We were using v1.11.4 and ran into the same problem, scratching our heads a lot. Until seeing this thread (and seeing the issue had been fixed in v1.11.5 in the changelog). So we upgraded Prodigy (to v1.11.6) and the problem has not come up again.
Here on v1.11.6 and we are getting this bug. I left more details in an other thread, simply updating this one since it could help to know if I am the only one on 1.11.6 getting this.
My initial report stated we were not experiencing any more problems after updating to v1.11.6. However, I confirm now that we are still seeing duplicated tasks. Not as many as before, and none of our annotators have reported any problems like they did before. So my guess is that they don't appear in a loop anymore but only pop up subtly so the annotator doesn't even notice. So it might be that one part of the problem has been fixed, i.e. the "looping tasks" problem. I suspect the remaining part of the problem is related to this thread.
We are using the ner_manual recipe with 4 separate named multi-user sessions (4 dockers, each with 4-5 annotators).

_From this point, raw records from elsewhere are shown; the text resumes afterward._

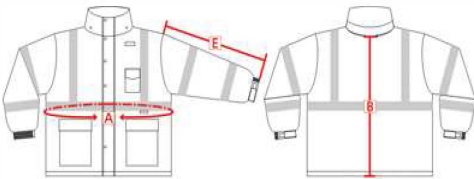

461-ST-LR High Visibility Parka Sizing Chart

	A	B	E	
	Jacket Exterior Chest Circumference	Center Back Length	Sleeve Length	SKU
SM	48	31	25	4610MQB
MD	52	31	25-1/2	4610MQC
LG	56	32	26	4610MQE
XL	60	32	26-1/2	4610MQG
2X	64	33	27	4610MQJ
3X	68	33	27-1/2	4610MQL
4X	72	34	28	4610MQN
5X	76	35	28-1/2	4610MQQ
+/-	3/4	1/2	3/8	

All measurements are in inches to the exterior of the garment.

Care Instructions

- Machine wash cold water delicate cycle
- Wash with like colors mild detergent
- No bleach
- Tumble dry low
- Do not iron
- Do not dry clean
- Do not use any fabric softener as that will destroy the PTFE film and weaken the bloodborne protection

We use "feed_overlap": true since we're building up a reference that relies on multiple annotators annotating the same examples. At some point we tried switching to "exclude_by": "input" to see if that would make any difference, but it didn't. We don't have different questions about the same input yet, so I don't think this parameter is doing anything in that case. We intend on trying out active learning later, so I suppose it will be useful then, right?
Anyway, we upgraded to v1.11.6 on 02.12.2021. Here is a summary of the number of tasks vs number of duplicates for each period after this date. The number of duplicates is the number of duplicated (_session_id, _input_hash) pairs, omitting the first occurrence.
Period: 02.12-03.12
Number of tasks: 159
Number of duplicates: 4
Unique _input_hashes in the set of duplicated tasks: 4
Unique _task_hashes in the set of duplicated tasks: 4
Unique _session_ids in the set of duplicated tasks: 2
Unique multi-user sessions in the set of duplicated tasks: 2
-------------------------
Period: 03.12-06.12
Number of tasks: 755
Number of duplicates: 15
Unique _input_hashes in the set of duplicated tasks: 15
Unique _task_hashes in the set of duplicated tasks: 15
Unique _session_ids in the set of duplicated tasks: 1
Unique multi-user sessions in the set of duplicated tasks: 1
-------------------------
Period: 06.12-08.12
Number of tasks: 1945
Number of duplicates: 100
Unique _input_hashes in the set of duplicated tasks: 97
Unique _task_hashes in the set of duplicated tasks: 97
Unique _session_ids in the set of duplicated tasks: 6
Unique multi-user sessions in the set of duplicated tasks: 4
-------------------------
Period: 08.12-09.12
Number of tasks: 230
Number of duplicates: 0
Unique _input_hashes in the set of duplicated tasks: 0
Unique _task_hashes in the set of duplicated tasks: 0
Unique _session_ids in the set of duplicated tasks: 0
Unique multi-user sessions in the set of duplicated tasks: 0
-------------------------
Period: 09.12-10.12
Number of tasks: 1083
Number of duplicates: 6
Unique _input_hashes in the set of duplicated tasks: 6
Unique _task_hashes in the set of duplicated tasks: 6
Unique _session_ids in the set of duplicated tasks: 1
Unique multi-user sessions in the set of duplicated tasks: 1
-------------------------
Period: 10.12-13.12
Number of tasks: 1291
Number of duplicates: 5
Unique _input_hashes in the set of duplicated tasks: 5
Unique _task_hashes in the set of duplicated tasks: 5
Unique _session_ids in the set of duplicated tasks: 3
Unique multi-user sessions in the set of duplicated tasks: 3
-------------------------
Sorry for the delayed response. We're going back to close past issues.
If you're still looking into this problem, can you try to upgrade to at least Prodigy v1.11.9 (we also just released v1.11.10 that is compatible with spaCy 3.5 this week too)?
We made several fixes including a front end bug that caused duplicates in high latency multi-annotator workflows.
Please reply on that newer post if you experience any problems.